Exercise prompt ▸ All of the entries below should be printed exactly; the pictures are to be left out.

Top of Records to process

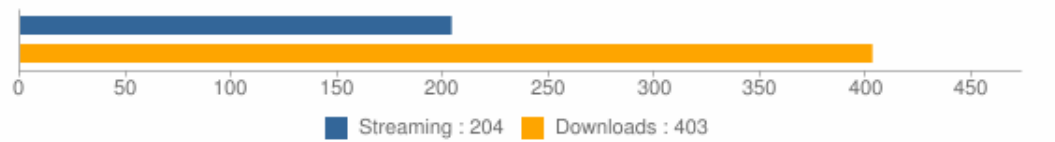

Chromium planet V2

Morne plaine

Walking to the light V3

Dark Angel

Strange Island V2

Twilight drums

Guardian of light
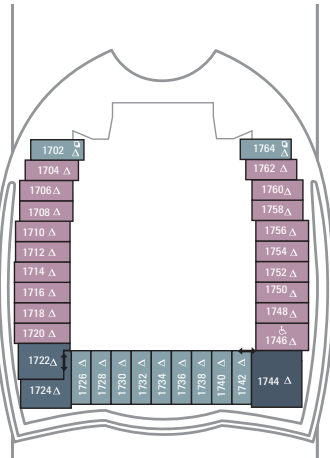

DECK 18

SUITES REFLECTING SECOND STORY OF LOFTS ON DECK 17

DECK 17

SUITES RL TL L1 L2

DECK 16

LEGENDS

- △ Stateroom with sofa bed
 - * Stateroom has third Pullman bed available
 - + Stateroom has third and fourth Pullman beds available
 - ◆ Stateroom with sofa bed and third Pullman bed available
 - ‡ Stateroom has four additional Pullman beds available
 - ↑ Connecting staterooms
 - ♿ Indicates accessible staterooms
 - ▣ Stateroom has an obstructed view
-
- 🍷 Dining Venue
 - 🎮 Entertainment Area
 - 🍹 Bars & Lounges
 - 👶 Kids & Teens Area
 - 🏊 Pool
 - ♨ Spa
 - 🏋 Fitness
 - 🏃 Running Track
 - 🧗 Rock climbing
 - 🌊 FlowRider®
 - ℹ Information
 - 🏢 Conference Center
 - 🛍 Shopping
 - 🎰 Casino

DECK 15

DECK 14

DECK 12

SUITES A4 OS GS J3 J4
 BALCONY 1C 2C 1D 2D 5D 6D
 BOARDWALK VIEW BALCONY 1I 2I 4I
 CENTRAL PARK VIEW BALCONY 1J 2J
 INTERIOR 1V 2V 4V

SUITES VS A3 OS GS J4
 BALCONY 1C 2C 1D 2D 5D 6D
 BOARDWALK VIEW BALCONY 1I 2I 4I
 CENTRAL PARK VIEW BALCONY 1J 2J
 INTERIOR 1V 2V 4V

DECK 11

SUITES **A3 OS GS J4**

BALCONY **1A 1C 2C 1D 2D SD 6D**

BOARDWALK VIEW BALCONY **1I 2I 4I**

CENTRAL PARK VIEW BALCONY **1J 2J**

OCEAN VIEW **1K 6N**

INTERIOR **1R 4U 1V 3V 4V**

DECK 10
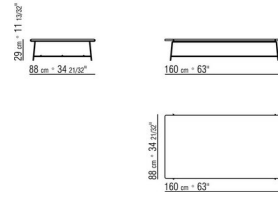

COD. 0282H5

Bottom of Records to process

Your solution ▸
Chromium planet V2

Morne plaine

Walking to the light V3

Dark Angel

Strange Island V2

Twilight drums

Guardian of light

DECK 18

SUITES REFLECTING SECOND STORY OF LOFTS ON DECK 17

DECK 17

SUITES RL TL L1 L2

DECK 16

LEGENDS

- △ Stateroom with sofa bed
 - * Stateroom has third Pullman bed available
 - + Stateroom has third and fourth Pullman beds available
 - ◆ Stateroom with sofa bed and third Pullman bed available
 - ‡ Stateroom has four additional Pullman beds available
 - ↑ Connecting staterooms
 - ♿ Indicates accessible staterooms
 - ▣ Stateroom has an obstructed view
-
- 🍷 Dining Venue
 - 🎮 Entertainment Area
 - 🍹 Bars & Lounges
 - 👶 Kids & Teens Area
 - 🏊 Pool
 - ♨ Spa
 - 🏋 Fitness
 - 🏃 Running Track
 - 🧗 Rock climbing
 - 🌊 FlowRider®
 - ℹ Information
 - 🏢 Conference Center
 - 🛍 Shopping
 - 🎰 Casino

DECK 15

DECK 14

DECK 12

SUITES A4 OS GS J3 J4
 BALCONY 1C 2C 1D 2D 5D 6D
 BOARDWALK VIEW BALCONY 1I 2I 4I
 CENTRAL PARK VIEW BALCONY 1J 2J
 INTERIOR 1V 2V 4V

SUITES VS A3 OS GS J4
 BALCONY 1C 2C 1D 2D 5D 6D
 BOARDWALK VIEW BALCONY 1I 2I 4I
 CENTRAL PARK VIEW BALCONY 1J 2J
 INTERIOR 1V 2V 4V

DECK 11

SUITES **A3 OS GS J4**

BALCONY **1A 1C 2C 1D 2D SD 6D**

BOARDWALK VIEW BALCONY **1I 2I 4I**

CENTRAL PARK VIEW BALCONY **1J 2J**

OCEAN VIEW **1K 6N**

INTERIOR **1R 4U 1V 3V 4V**

DECK 10

COD. 0282H5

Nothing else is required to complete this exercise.